◆ Your task ◆
Determine how many lines in the entries below contain "Carga", and output that number alone.

Source records

------------------------------

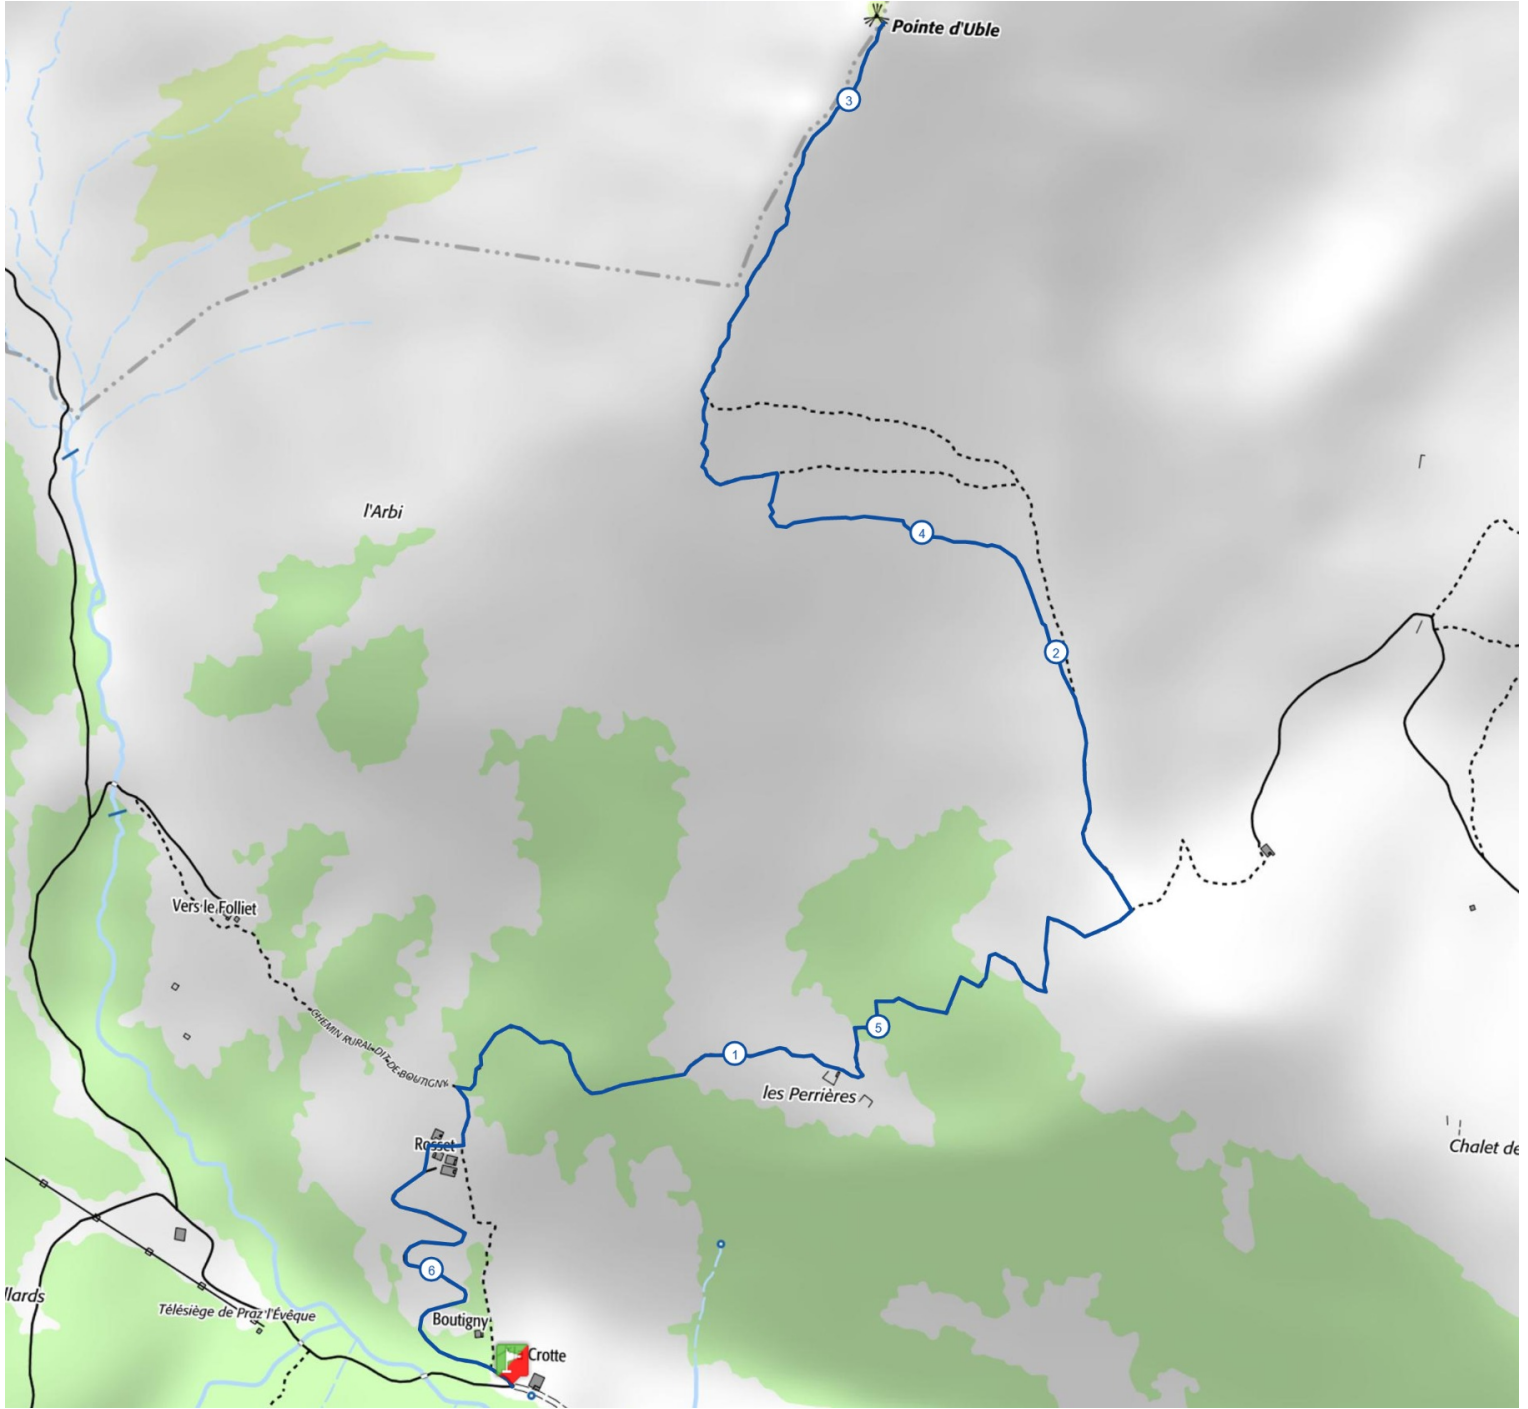

Retrouvez ce parcours sur votre mobile avec l'appli Praz de Lys Sommand Grandeur Nature

<https://tracedetrail.com> - ©IGN 2020. Utilisation et reproduction limitées à un usage privé.

> 10% > 20% > 30%
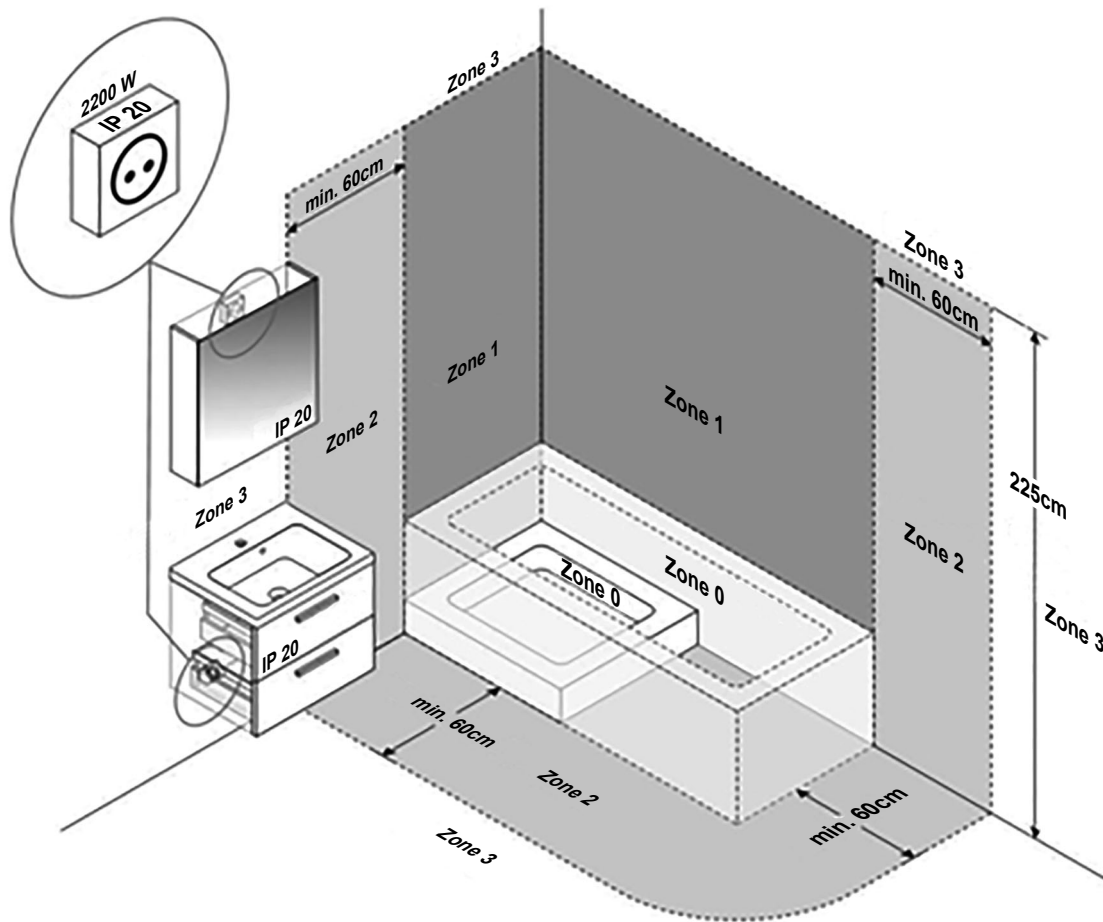

Spiegelstärke max. 6mm
Thickness of mirror max. 6mm

1	
	8 x 8mm
1 x	

**Montage auf Spiegelschränken:
Mounting on mirror cabinets:**

1	2
	
8 x 8mm	3 x 16mm
1 x	2 x

Der Netzanschluss über eine 230V-Steckdose (IP 20) darf nur in Zone 3 erfolgen.
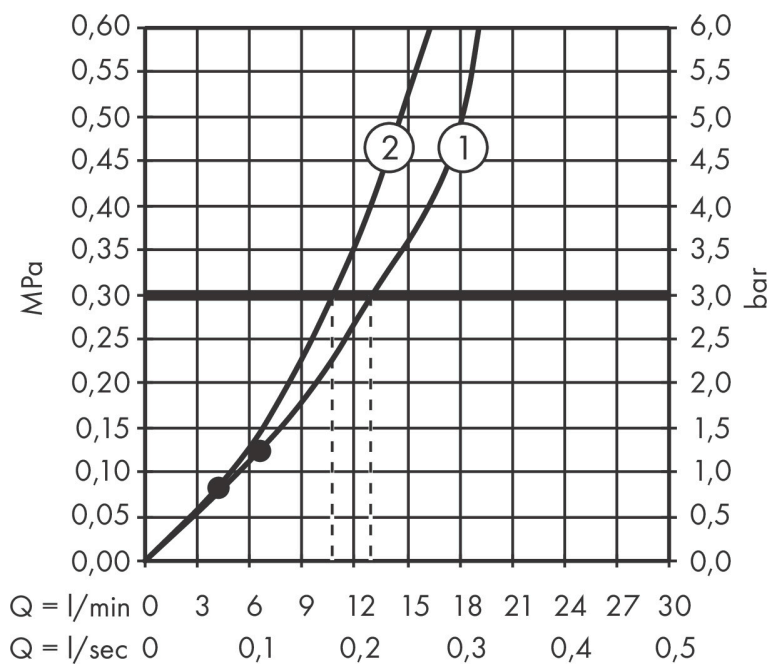

- STA 1427

Funktioner

- består av: huvuddusch, handdusch, duschtermostat, duschstång, duschslang
- huvuddusch Pulsify 260 2jet
- duschhuvudsstorlek huvuddusch: 260 mm
- stråltyp huvuddusch: PowderRain, Intense PowderRain
- strålskivans yta: grafit
- Fast Drain tömmer huvudduschen från en vinkel på 10°
- avtagbart duschhuvud
- hylla av plast
- hyllans yta: grafit
- flödesmängd IntenseRain (vid 3 bar): 9,5 l/min
- flödesmängd PowderRain stråle (vid 3 bar): 13,3 l/min
- stråltyp handdusch: PowderRain, IntenseRain, Massagestråle
- flödesmängd handdusch vid 3 bar: 10,3 l/min
- maximal flödes hastighet för Showerpipe vid 3 bar: 13,3 l/min
- min. driftstryck: 1,3 bar
- max. driftstryck: 10 bar
- kulle: huvuddusch kan lutats 13-39°
- duscharmslängd huvuddusch: 233 mm
- CoolContacttermostat: Förhindrar att höljiet värms upp och gör det säkrare att duscha
- termostat ShowerTablet Select 400
- säkerhetspärre vid 40 °C
- samtidig användning av 2 funktioner
- lämplig för genomströmningsberedare

Teknologi

Stråltyper

Cerifikat

Varumärke hansgrohe
 Art. Namn **Pulsify S** Showerpipe 260 2jet med ShowerTablet Select 400
 Art. Nr. 24240670
 RSK-nr. 8283613
 Ytskikt Matt svart
 Pos 1

Flödesdiagram

1 Huvuddusch
 2 Handdusch
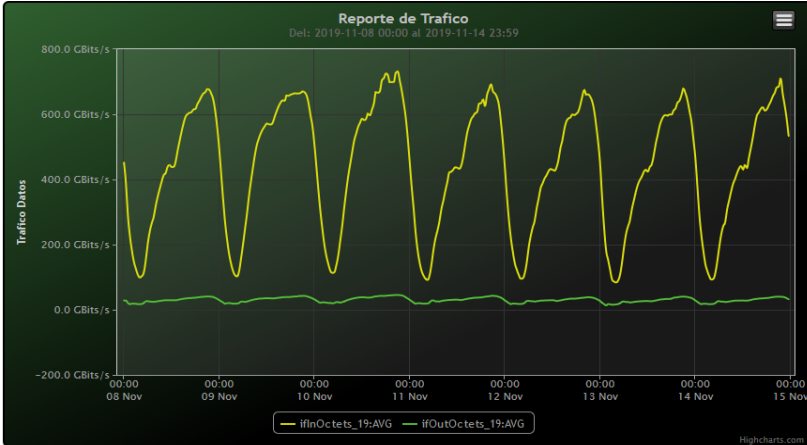

TOE: Enlaces Internacionales

Speed:

Period: 11/01/2019 00:00 - 11/08/2019 00:00

SUMA:	ENTRADA	SALIDA
Mínimo (Mbits/s):	88743.63	17051.98
Máximo (Mbits/s):	716112.79	45421.4
Promedio (Mbits/s):	450056.46	31388.17
Carga (Mbyte):	119528831.58	7846036.28

Speed:

Period: 11/08/2019 00:00 - 11/15/2019 00:00

SUMA:	ENTRADA	SALIDA
Mínimo (Mbits/s):	83789.92	13307.14
Máximo (Mbits/s):	731011.46	45452.71
Promedio (Mbits/s):	440450.8	30451.9
Carga (Mbyte):	121996398.05	7842565.44

Speed:

Period: 11/15/2019 00:00 - 11/22/2019 00:00

SUMA:	ENTRADA	SALIDA
Mínimo (Mbits/s):	87384.78	16938.36
Máximo (Mbits/s):	691221.83	44197.35
Promedio (Mbits/s):	425781.07	30447.73
Carga (Mbyte):	116584744.67	7362363.4

Speed:

Period : 11/22/2019 00:00 - 11/28/2019 00:00

SUMA:	ENTRADA	SALIDA
Minimo (Mbits/s):	92109.19	17066.17
Maximo (Mbits/s):	690708.02	45448.66
Promedio (Mbits/s):	438604.13	31162.15
Carga (Mbyte):	115468635.31	7594789.87
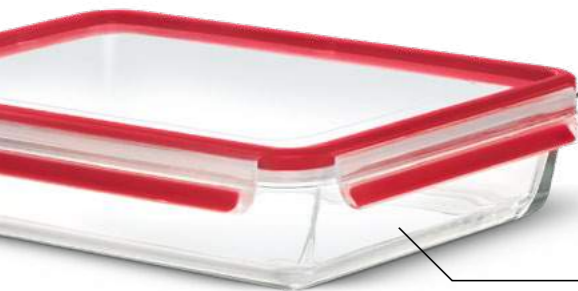

Anwendungsvideo

Werbemittel:
Aufsteller S. 158
Wobbler S. 158

* Gilt für Glasbehälter

Frische garantieren

CLIP & CLOSE Glas

CLIP & CLOSE Glas | Frischhaltedose, rechteckig

FARBE	LxBxH CM	VOLUMEN	ART	EAN	VPE	MOD	UVP
┘ Transparent	17,5x12,5x5,9	0,5L	513918		6	C	9,49 €
	20x14,5x6,8	0,7L	516244		4	C	10,49 €
	23,5x17,5x6,8	1,3L	513920		4	C	14,49 €
	27,5x20,5x6,8	2,0L	513921		2	C	16,79 €
	34,0x23,5x7,6	3,0L	513922		2	C	20,79 €

Mit 3,0L Volumen die ideale Größe für Aufläufe oder Tiramisù

CLIP & CLOSE Glas | Frischhaltedose, quadratisch

FARBE	LxBxH CM	VOLUMEN	ART	EAN	VPE	MOD	UVP
┘ Transparent	11,0x11,0x5,9	0,2L	513917		6	C	5,99 €
	17,5x17,5x6,8	0,9L	513919		4	C	11,49 €
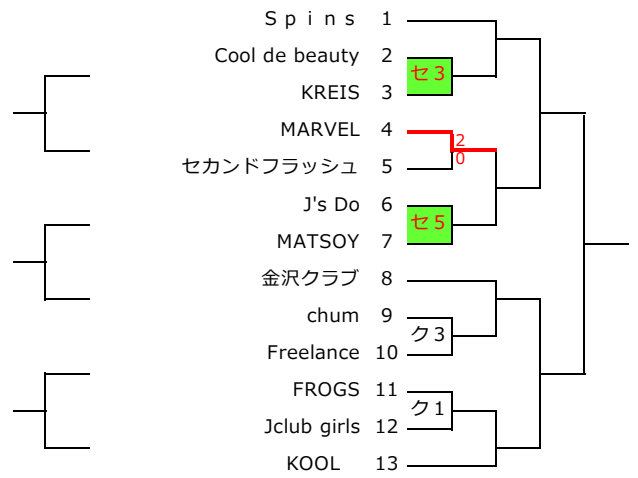

女子2部トーナメント
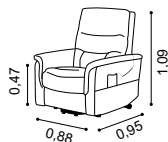

*Mechanism manual or electric. Option: mechanism senior.
 Consult Lourini fabrics collection.*

*Moteur manuel ou électrique. Option: mécanisme senior.
 Consulter la collection de tissus Lourini.*

 5,00 mts
 5,47 yds = 1 un
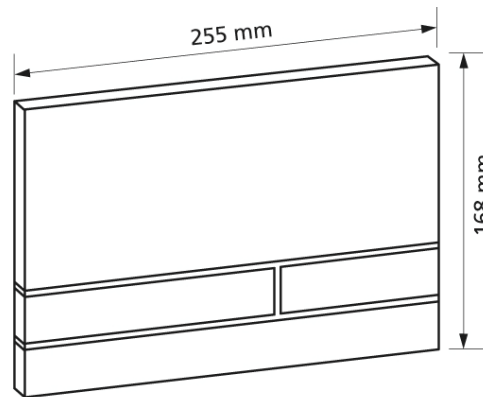

Betätigungsplatte T620, weiß mit 2-Mengentechnik

**Verwendungszwecke**  
- für Spülkasten Burda K610

Fabrikat: Burda  
Typ: Betätigungsplatte  
Artikel-Nr.: 620.00
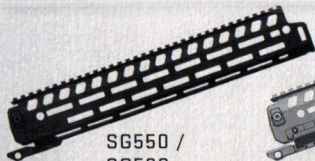

SIG SAUER

DIE NEUE

SCHWEIZER

GENERATION

SG56X

SG550 /
SG560

SG551 /
SG561

SG553 LB /
SG563 LB

SG553 SB /
SG563 SB

Die bewährte Sturmgewehr-Plattform im neuen Design

NEUERUNGEN SG56X

M-LOK Handschutz einteilig

Kompatibilität:

- Für die gesamte SG55x/SG75x Plattform als Upgrade oder als Neuwaffe erhältlich
- Gasdüse, Gasrohr und Gasstange unverändert

Design:

- Hochwertiges T6-Aluminium
- Durchgehende Picatinny-Schiene mit M-LOK Schnittstellen
- Verbessertes Kornträger-Design

Vorteile:

- Free Float Design für bessere Präzision und optimiertes Hitzemanagement
- Erhöhte Stabilität dank einteiliger Konstruktion
- Gewicht gleichbleibend trotz Aluminiumhandschutz

- Für die gesamte SG55x Plattform als Upgrade oder als Neuwaffe erhältlich

Modularität:

- Hochwertige Komponenten ab Werk
- Einbau von AR-15 Trigger Paketen und AR-15 Sicherungen/Feuerwahlhebeln möglich
- Schnittstelle für AR-15 Pistolengriffe
- Picatinny Schnittstelle für verschiedene Kolben
- Integrierte QD-Büchse für Tragriemen

------------------------------

◆ Output for this task ◆
4